New rules for retaining deposits
Under the Amendment, the contracting entity can retain the deposit with interest only in case the economic operator has not complied with the request to submit the statutory required documents, if such non-compliance is a result of fault, and - more importantly -- the non-compliance would prevent the contracting entity from awarding the contract to the economic operator concerned. The currently binding regulations regarding deposits were designed to prevent cartel collusions. However, they often result in situations in which operators taking part in tender procedure lose their deposits as a result of incomplete documentation, even if their offer was e.g. the least favorable one.
Joint and several liability of the economic operator and its subcontractors
Pursuant to the Amendment, an economic operator can rely on the knowledge and experience, technical resources, financial capacities, and economic potential of subcontractors. If this is the case, the economic operator is obliged to demonstrate to the contracting entity that the subcontractor has access to sufficient resources to fulfill a contract. It shall be proven in particular by submitting a written commitment by the subcontractors to provide the economic operator with the necessary resources for as long as they may be required throughout duration of the contract. The economic operator and its subcontractor are subject to joint and several liability for the damage inflicted by a failure to deliver the resources, as long as the non-delivery is fully attributed to the subcontractor.

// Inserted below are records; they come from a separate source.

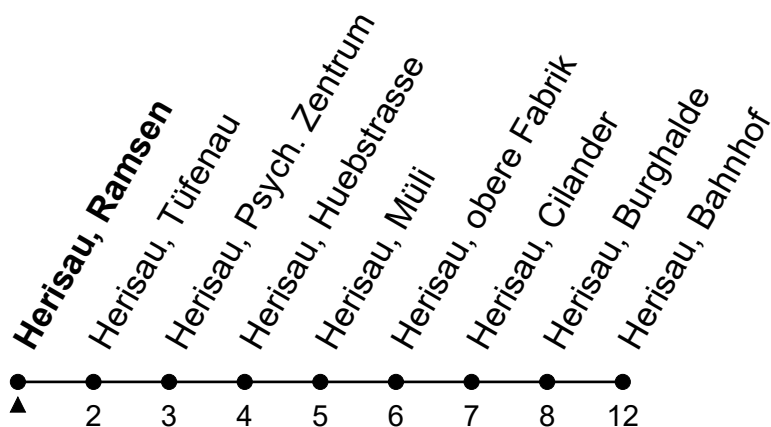

Herisau, Ramsen

Richtung Herisau, Bahnhof

Gültig von 10.12.2023 bis 14.12.2024

ungefähre Reisezeit in Min

🕒	Montag - Freitag	Samstag	Sonntag und allg. Feiertage	🕒
5				5
6	08 38	08 38		6
7	08 38	08 38	08	7
8	08 38	08 38	08	8
9	08 38	08 38	08	9
10	08 38	08 38	08	10
11	08 38	08 38	08	11
12	08 38	08 38	08	12
13	08 38	08 38	08	13
14	08 38	08 38	08	14
15	08 38	08 38	08	15
16	08 38	08 38	08	16
17	08 38	08 38	08	17
18	08 38	08 38	08	18
19	08 38	08 38	08	19
20	08 38	08 38	08	20
21	38	38	08	21
22	41	41		22
23	41 ^e	41		23
0				0

e = Freitag sowie Nächte 28./29. Mrz., 30. Apr./1. Mai, 8./9. Mai, 31. Jul./1. Aug. und 31. Okt./1. Nov.

Hunde sind tariflich Kindern ab 6 Jahren gleichgestellt.

Je nach Verkehrsaufkommen oder Witterung können Abweichungen vorkommen.
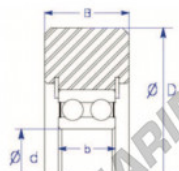

Rodamiento de guía MG5212-VZZ-ENDURO - MG5212-VZZ-ENDURO

<https://www.123rodamiento.es/rodamiento-cojinete/rodamiento-bola/guia/mg5212-vzz-enduro>

X-d: two snap rings
Style X: Double Row Ball Bearing

Part Number	Style	Inner Diameter, d	Outer Diameter, D	Inner Ring Width, b	Outer Ring Width, B	Radius, R	Dynamic Capacity	Static Capacity
MG 5212 VZZ	X-d: two snap rings	60.000 mm	189.48 mm	36.5 mm	54.100 mm	chamfer	89,000 kN	97,900 kN

CARACTERÍSTICAS DEL PRODUCTO

Marca	ENDURO
Nº Ean13	3616060582430
Diámetro interior	60 mm
Diámetro exterior	189.48 mm
Espesor	54.1 mm
Carga dinámica	89 kN
Carga estática	97.9 kN
Envasado	1

contacto@123rodamiento.es

Under the Amendment, economic operators participating in a tender procedure may limit access to information they regard as company secrets, but they will have to prove that the data subject to protection indeed involves corporate secrets. In addition, the Amendment introduces a simplified tender procedure for non-priority services. It also contains provisions referring to the use of exemplary forms of agreements, rules and other documents that are applied by public contracts.
The Amendment has been positively recognized by practicing lawyers and representatives of legal doctrine.